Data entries
━━━━━━━━━━━━━━━━
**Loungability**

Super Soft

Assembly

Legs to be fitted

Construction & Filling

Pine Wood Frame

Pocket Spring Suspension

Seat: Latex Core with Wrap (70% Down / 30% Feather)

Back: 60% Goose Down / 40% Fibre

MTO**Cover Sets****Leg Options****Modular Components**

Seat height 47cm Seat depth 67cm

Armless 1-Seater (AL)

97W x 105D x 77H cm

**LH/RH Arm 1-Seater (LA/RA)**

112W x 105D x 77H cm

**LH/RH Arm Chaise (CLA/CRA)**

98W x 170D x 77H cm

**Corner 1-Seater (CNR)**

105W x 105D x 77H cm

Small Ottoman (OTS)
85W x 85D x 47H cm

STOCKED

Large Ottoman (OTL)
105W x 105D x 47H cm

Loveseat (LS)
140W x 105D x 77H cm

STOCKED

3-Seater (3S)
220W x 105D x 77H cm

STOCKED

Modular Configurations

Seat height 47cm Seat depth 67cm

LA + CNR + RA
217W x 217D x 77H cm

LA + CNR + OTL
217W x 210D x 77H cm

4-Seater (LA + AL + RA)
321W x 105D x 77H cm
━━━━━━━━━━━━━━━━
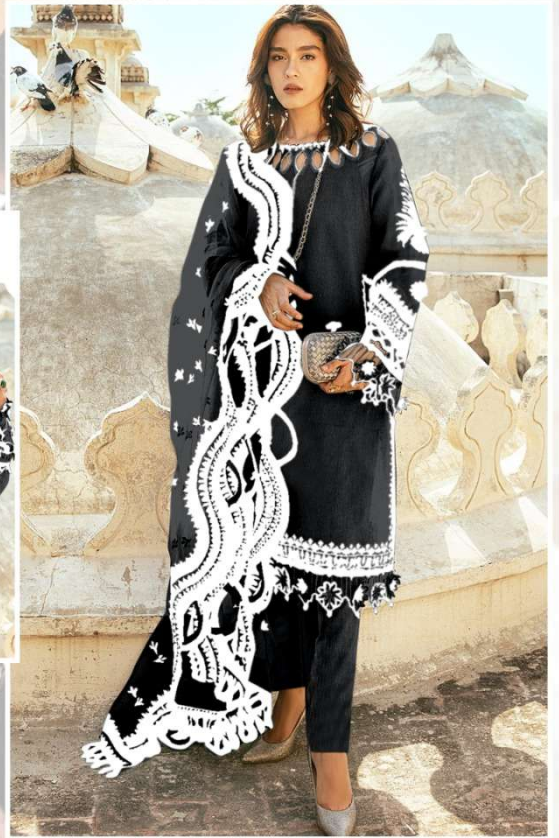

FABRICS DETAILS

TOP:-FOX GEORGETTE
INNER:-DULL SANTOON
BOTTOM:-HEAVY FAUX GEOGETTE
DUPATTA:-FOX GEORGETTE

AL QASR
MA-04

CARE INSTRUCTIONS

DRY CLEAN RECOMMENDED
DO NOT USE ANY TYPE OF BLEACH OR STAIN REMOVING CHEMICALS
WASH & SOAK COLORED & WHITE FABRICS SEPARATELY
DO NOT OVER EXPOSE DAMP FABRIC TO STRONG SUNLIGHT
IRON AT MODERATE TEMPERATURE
━━━━━━━━━━━━━━━━
What you need to do – Copy each line of the records containing the string "GEORGETTE".

Task result –
TOP:-FOX GEORGETTE
DUPATTA:-FOX GEORGETTE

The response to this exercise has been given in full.